TABLE 15.7 Gross Margin Analysis
Gross Margin Analysis | Variance Analysis | |||||||||
2019 | 2020 | Variance | Volume Increase | Pricing Changes | Mix | Cost Increases | Quality Savings | Other | Total | |
Sales | 125,000 | 126,000 | 1,000 | 2,500 | −1,500 | 1,000 | ||||
Cost of Sales | 78,000 | 82,000 | −4,000 | −1,560 | −1,500 | −820 | 280 | −400 | −4,000 | |
Gross Margin | 47,000 | 44,000 | −3,000 | 940 | −1,500 | −1,500 | −820 | 280 | −400 | −3,000 |
Gross Margin % | 37.6% | 34.9% | −2.7% | 0.0% | −0.8% | −1.2% | −0.7% | 0.2% | −0.3% | −2.7% |
Figure 15.10 presents the analysis in graphical form, highlighting the major changes in gross margin between the two years. This visual presentation enables the viewer to absorb the direction and relative size of each factor contributing to the change.
A number of measures can provide visibility into a company's pricing strength.
Tracking and monitoring the average selling price (ASP) of products over time is a good indicator of the relative pricing strength of a product in the market. ASP will decline, often rapidly, in highly competitive situations. In many markets, customers expect lower pricing over time as a result of expected efficiencies and savings.
Tracking the level of pricing discounts is a useful indicator of pricing strength that also quantifies the magnitude of any pricing erosion.
The lost orders measure provides insight into future revenue and pricing trends.

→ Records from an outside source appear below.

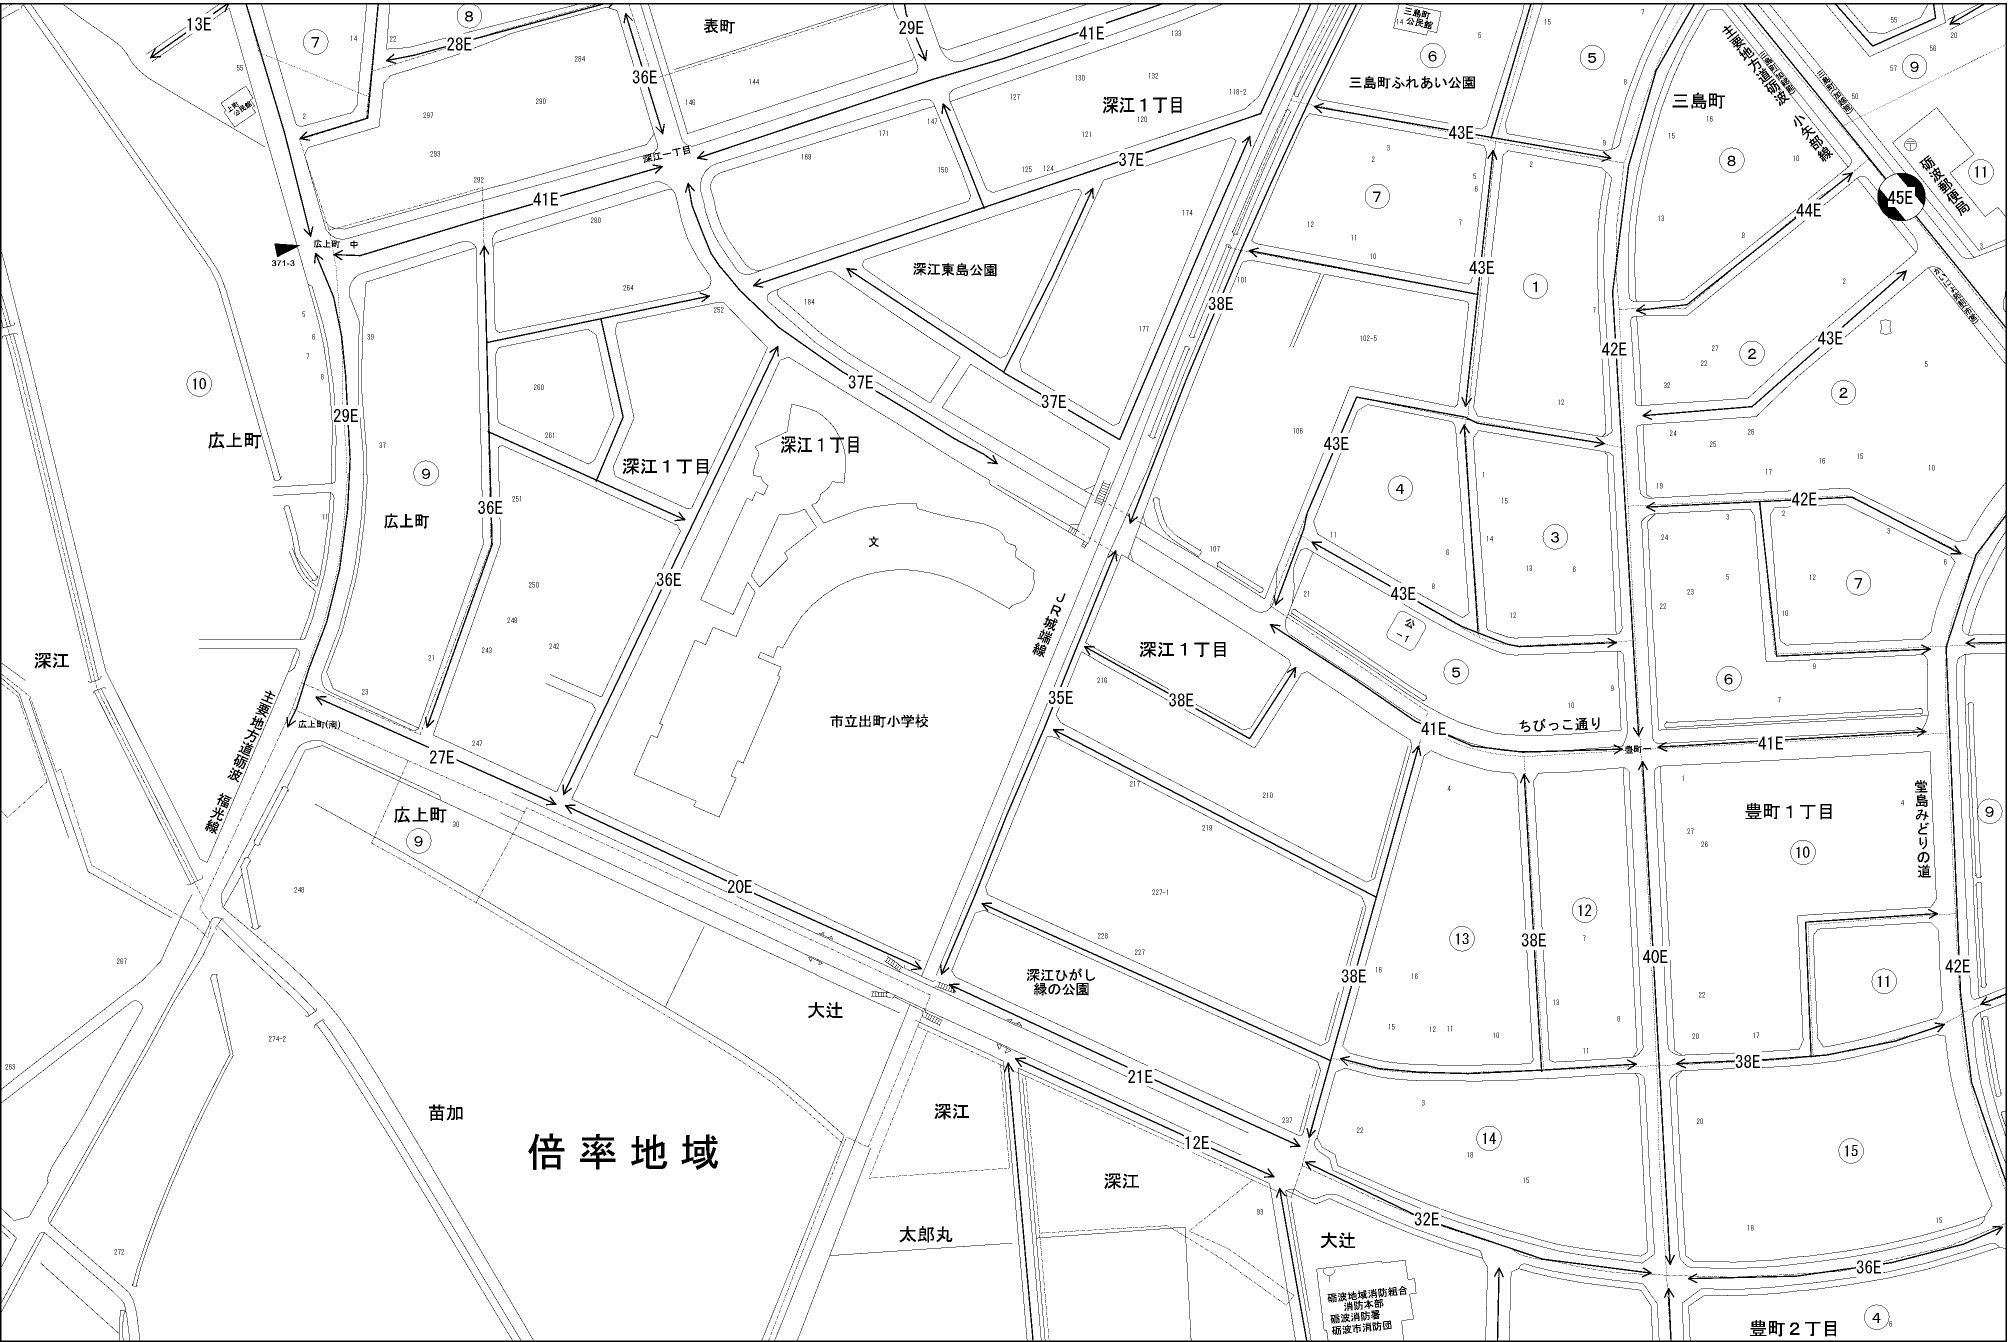

ビル街地区 高度商業地区 繁華街地区 普通商業・併用住宅地区 中小工場地区 大工場地区 普通住宅地区

記号	借地権割合	記号	借地権割合
A	90%	E	50%
B	80%	F	40%
C	70%	G	30%
D	60%		

砺波市
(砺波署)

砺波地域消防組合
消防本部
砺波消防署
砺波市消防団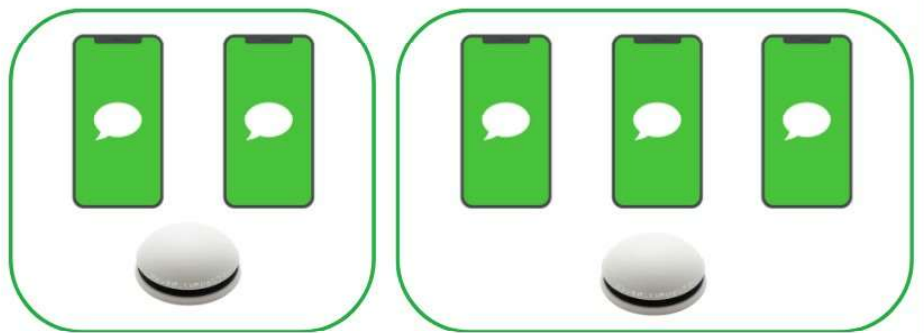

グループA

グループB

Orders lost on the basis of pricing are of particular concern, since they foreshadow a decrease in both revenue and margins.

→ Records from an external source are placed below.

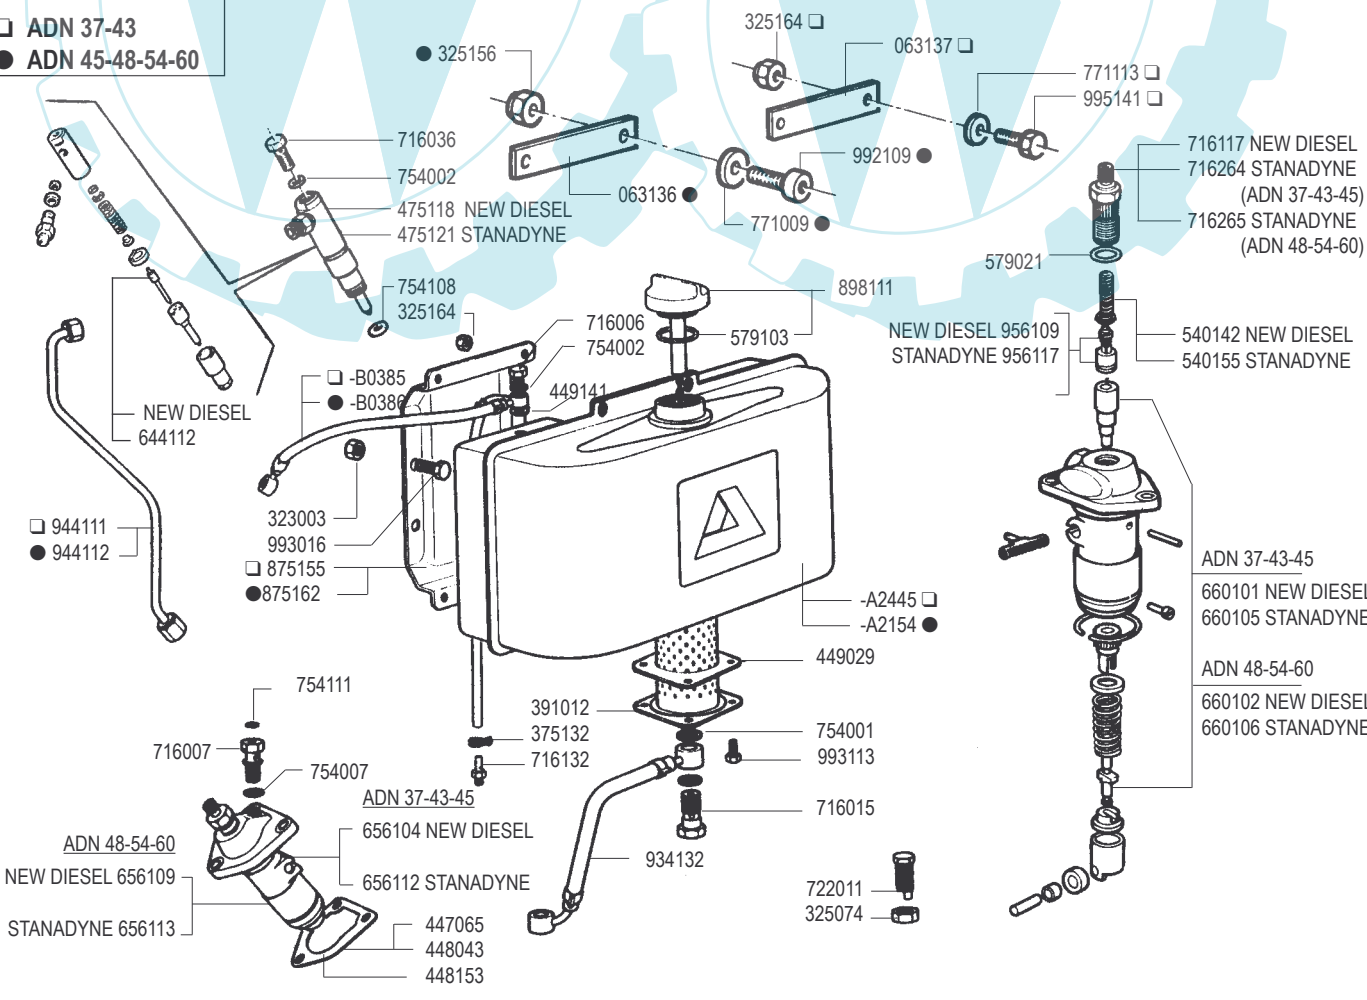

RICAMBI - SPARE PARTS - ERSATZTEILE - PIECES DETACHEES - REPUESTOS

☐ ADN 37-43
☒ ADN 45-48-54-60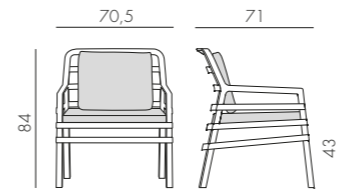

ANTRACITE
vernici. antracite
62252.02.000

BIANCO
vernici. bianco
62253.00.000

polipropilene
alluminio

* nuova versione
new version

ARIA (POLTRONA ARIA + CUSCINO SEDUTA + CUSCINO ARREDO)

polipropilene
tessuto acrilico

Capturing and monitoring price and performance characteristics of competitive products is a good way to anticipate changes in relative pricing strength. If a competitor introduces a product with better performance attributes, the pricing dynamics in the market are likely to change in very short order.
The pricing and performance measures previously described can be combined with the market share analysis and other measures discussed under revenue growth to help form a complete view of the competitive landscape in the context of pricing and gross margins. For example, it is possible that a company is holding firm on pricing but losing market share to lower‐priced competitors.
Based on the most important drivers and issues impacting current and future pricing and gross margins, a performance dashboard as shown in Figure 15.11 could be created to provide visibility for managers. Again, the selection of the individual measures to include in the dashboard is extremely important. There should be an emphasis on leading and predictive indicators of competitive forces and pricing. The measures should focus on the most important drivers and should be modified over time as appropriate.
Revenue growth and relative pricing strength are among the most important value drivers. Yet in spite of this importance, managers often do a better job in measuring and managing other value drivers. Revenue planning is inherently difficult owing to the complexity of drivers and the impact of external factors. However, managers can greatly increase their ability to build and sustain shareholder value by improving their discipline over projecting, measuring, and growing revenue.
Relative pricing strength is a key driver of value and is realized by holding a strong competitive advantage. Companies that enjoy a strong competitive advantage or have a unique product offering will enjoy strong product margins. It is important to distinguish between strong operating margins resulting from pricing strength and those due to operational efficiency. Over time, competitive advantage and pricing strength often dissipate. This unfavorable impact to margins can be offset by improving operational effectiveness, our topic for Chapter 16.